In April, Mayor Eric Adams’ administration sued South Bronx landlord Moshe Piller over numerous alleged housing violations. However, many housing organizers said they are distrustful of the Adams administration, which they see as friendly towards developers and landlords.

Yanny Guzmán, a volunteer with the South Bronx Tenants Movement, said her group focuses on the most vulnerable tenants. All of their volunteers come from the South Bronx and are Hispanic and/or Black, just like most of the tenants with whom they work. Guzmán contrasted their work with that of larger nonprofits, which too often “parachute in” and focus solely on providing legal aid in court, rather than raising community awareness, she said.

 

“We’re actively building tenant power and tenant agency. We’re giving them the skills, knowledge, and expertise to organize themselves.” 

Yanny Guzmán

SOUTH BRONX TENANTS MOVEMENT

“We’re actively building tenant power and tenant agency. We’re giving them the skills, knowledge, and expertise to organize themselves,” she said.
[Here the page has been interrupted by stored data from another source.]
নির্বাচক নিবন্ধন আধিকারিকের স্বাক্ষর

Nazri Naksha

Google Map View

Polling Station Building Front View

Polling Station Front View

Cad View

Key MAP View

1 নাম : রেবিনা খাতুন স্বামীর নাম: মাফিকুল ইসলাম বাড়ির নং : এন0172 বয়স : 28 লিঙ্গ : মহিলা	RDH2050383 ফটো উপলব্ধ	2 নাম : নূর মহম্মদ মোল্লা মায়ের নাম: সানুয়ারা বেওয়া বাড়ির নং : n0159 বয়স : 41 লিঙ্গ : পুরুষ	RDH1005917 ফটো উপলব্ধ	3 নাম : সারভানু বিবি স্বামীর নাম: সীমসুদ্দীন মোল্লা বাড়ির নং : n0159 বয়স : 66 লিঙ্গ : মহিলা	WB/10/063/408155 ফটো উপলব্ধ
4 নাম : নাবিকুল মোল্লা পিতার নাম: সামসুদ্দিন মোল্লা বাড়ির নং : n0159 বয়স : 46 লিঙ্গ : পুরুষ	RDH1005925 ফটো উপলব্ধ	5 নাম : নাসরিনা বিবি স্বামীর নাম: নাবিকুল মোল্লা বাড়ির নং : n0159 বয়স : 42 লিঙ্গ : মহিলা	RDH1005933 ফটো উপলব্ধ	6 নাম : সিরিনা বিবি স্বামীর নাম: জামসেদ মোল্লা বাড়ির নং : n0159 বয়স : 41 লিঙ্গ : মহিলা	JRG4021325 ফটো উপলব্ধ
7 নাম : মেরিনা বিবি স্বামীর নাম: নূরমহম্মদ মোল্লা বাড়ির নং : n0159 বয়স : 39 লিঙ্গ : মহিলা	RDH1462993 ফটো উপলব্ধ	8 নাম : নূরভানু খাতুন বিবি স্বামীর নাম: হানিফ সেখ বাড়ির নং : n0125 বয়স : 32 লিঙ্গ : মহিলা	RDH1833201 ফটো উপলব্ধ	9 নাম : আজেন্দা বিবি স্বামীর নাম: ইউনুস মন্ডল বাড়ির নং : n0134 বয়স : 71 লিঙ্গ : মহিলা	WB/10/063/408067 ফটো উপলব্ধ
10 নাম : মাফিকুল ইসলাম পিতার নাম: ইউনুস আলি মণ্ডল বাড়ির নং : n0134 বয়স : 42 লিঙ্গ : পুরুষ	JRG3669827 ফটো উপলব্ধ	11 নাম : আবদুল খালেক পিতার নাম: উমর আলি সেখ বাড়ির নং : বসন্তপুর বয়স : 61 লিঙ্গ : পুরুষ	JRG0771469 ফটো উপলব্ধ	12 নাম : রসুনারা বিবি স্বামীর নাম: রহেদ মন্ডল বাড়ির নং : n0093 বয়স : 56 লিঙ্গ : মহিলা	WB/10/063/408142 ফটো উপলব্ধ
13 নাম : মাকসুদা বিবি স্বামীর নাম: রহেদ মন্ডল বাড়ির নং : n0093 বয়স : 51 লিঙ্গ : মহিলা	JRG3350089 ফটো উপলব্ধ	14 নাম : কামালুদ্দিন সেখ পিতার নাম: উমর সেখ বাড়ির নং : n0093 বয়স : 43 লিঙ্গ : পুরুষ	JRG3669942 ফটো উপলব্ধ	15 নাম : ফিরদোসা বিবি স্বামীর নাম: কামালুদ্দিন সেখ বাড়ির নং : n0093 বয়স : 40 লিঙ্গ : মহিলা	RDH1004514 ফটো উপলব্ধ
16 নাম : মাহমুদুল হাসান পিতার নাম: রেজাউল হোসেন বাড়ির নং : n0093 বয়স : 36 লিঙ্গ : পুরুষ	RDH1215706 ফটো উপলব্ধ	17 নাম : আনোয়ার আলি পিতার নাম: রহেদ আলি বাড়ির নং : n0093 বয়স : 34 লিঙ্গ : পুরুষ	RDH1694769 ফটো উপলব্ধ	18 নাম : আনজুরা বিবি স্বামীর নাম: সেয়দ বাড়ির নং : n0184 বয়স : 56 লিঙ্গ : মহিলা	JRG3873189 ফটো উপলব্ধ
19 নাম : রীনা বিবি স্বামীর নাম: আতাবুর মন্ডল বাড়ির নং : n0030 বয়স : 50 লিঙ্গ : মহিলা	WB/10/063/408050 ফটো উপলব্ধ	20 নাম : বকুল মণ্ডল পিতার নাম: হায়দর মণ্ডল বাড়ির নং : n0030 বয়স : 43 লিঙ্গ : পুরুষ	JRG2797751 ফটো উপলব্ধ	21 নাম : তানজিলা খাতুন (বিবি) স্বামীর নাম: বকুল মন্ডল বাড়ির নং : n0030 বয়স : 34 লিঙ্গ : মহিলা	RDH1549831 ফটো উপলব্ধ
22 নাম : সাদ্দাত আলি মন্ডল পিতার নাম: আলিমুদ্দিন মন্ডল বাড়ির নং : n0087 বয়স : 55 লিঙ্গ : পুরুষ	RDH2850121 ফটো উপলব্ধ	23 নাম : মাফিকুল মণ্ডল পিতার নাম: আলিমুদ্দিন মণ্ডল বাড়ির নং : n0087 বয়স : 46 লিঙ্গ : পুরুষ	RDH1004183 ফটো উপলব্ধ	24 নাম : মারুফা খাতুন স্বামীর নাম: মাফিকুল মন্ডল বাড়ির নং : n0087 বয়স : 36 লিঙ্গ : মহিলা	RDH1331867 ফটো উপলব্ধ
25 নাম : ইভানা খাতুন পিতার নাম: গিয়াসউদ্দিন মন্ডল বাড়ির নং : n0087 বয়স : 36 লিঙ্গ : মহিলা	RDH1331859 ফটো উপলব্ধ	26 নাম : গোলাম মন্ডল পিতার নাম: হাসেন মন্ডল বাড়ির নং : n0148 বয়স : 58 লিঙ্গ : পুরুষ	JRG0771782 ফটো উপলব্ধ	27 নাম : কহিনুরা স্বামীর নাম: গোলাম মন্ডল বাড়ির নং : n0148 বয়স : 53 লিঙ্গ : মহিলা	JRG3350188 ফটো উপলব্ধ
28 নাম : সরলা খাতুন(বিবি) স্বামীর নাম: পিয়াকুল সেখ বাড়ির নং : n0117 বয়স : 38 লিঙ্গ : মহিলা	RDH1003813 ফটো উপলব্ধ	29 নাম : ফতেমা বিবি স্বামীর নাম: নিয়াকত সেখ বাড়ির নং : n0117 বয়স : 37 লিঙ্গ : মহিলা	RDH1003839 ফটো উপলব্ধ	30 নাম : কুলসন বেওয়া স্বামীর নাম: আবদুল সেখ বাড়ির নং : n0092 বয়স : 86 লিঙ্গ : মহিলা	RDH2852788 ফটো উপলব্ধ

Reséndiz, who helped organize the tenants at 387 E. 138th Street, emphasized the importance of informing residents about their rights. Under city law, the warranty of habitability requires landlords to make timely repairs, and allows tenants to withhold rent if fixes are not completed. (A number of tenant-led rent strikes gained citywide attention last year.)

Some immigrants were also unaware of their rights under the eviction moratorium. Although the moratorium expired in January, tenants can still be temporarily protected from eviction if they filed an application for the state’s Emergency Rental Assistance Program. 
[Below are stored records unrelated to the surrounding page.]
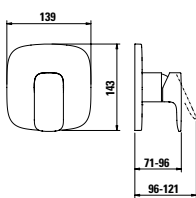

33175.6.004.000.1

Vrchní sada podomítkové sprchové baterie, s přepínačem pro SIMBOX Standard & Light, kartuše Ecototal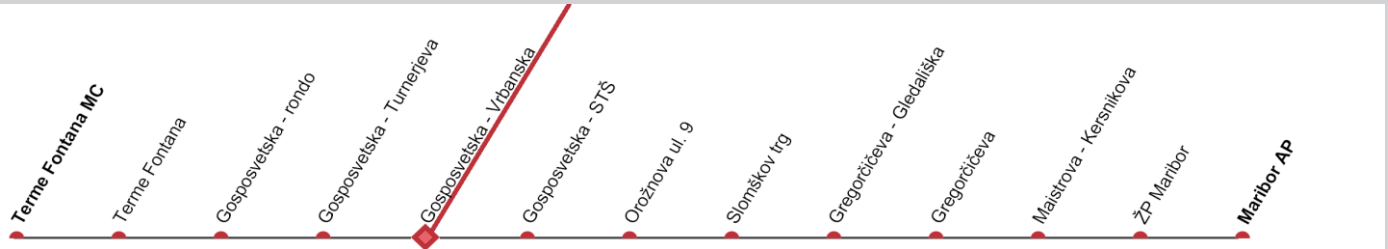

Linija 8

SMER VOŽNJE →

Velja od 12. 09. 2022

Linija 8		04	05	06	07	08	09	10	11	12	13	14	15	16	17	18	19	20	21	22	23
DELAVNIK	V SMERI																				
	Maribor AP			03 23 43	03 28 43	08 28 53	13 38 58	23 43	08 28 53	13 38 58	23 43	08 28 53	13 38 58	23 43	08 28 53	13 38 58	23 43	18			
SOBOTA	V SMERI																				
	Maribor AP				37	57		17	37	57											
NEDELJA	V SMERI																				
	Maribor AP																				

Linija 8

SMER VOŽNJE →

Velja od 12. 09. 2022

		04	05	06	07	08	09	10	11	12	13	14	15	16	17	18	19	20	21	22	23
DELAVNIK	V SMERI																				
	Maribor AP			04 24 44	04 29 44	09 29 54	14 39 59	24 44	09 29 54	14 39 59	24 44	09 29 54	14 39 59	24 44	09 29 54	14 39 59	24 44	19			
SOBOTA	V SMERI																				
	Maribor AP				38	58		18	38	58											
NEDELJA	V SMERI																				
	Maribor AP

Reséndiz said tenants also need to be taught to be able to read a lease and determine whether their unit is covered under the city’s rent stabilization law. Most buildings with six or more units built before 1974 are subject to rent stabilization, with annual rent increases subject to limits set by the mayorally appointed Rent Guidelines Board. Anyone can check if their unit is rent-stabilized here.

Reséndiz also reminds tenants that under the state’s Property Law 230, all tenants have the right to form an association to advocate for their rights.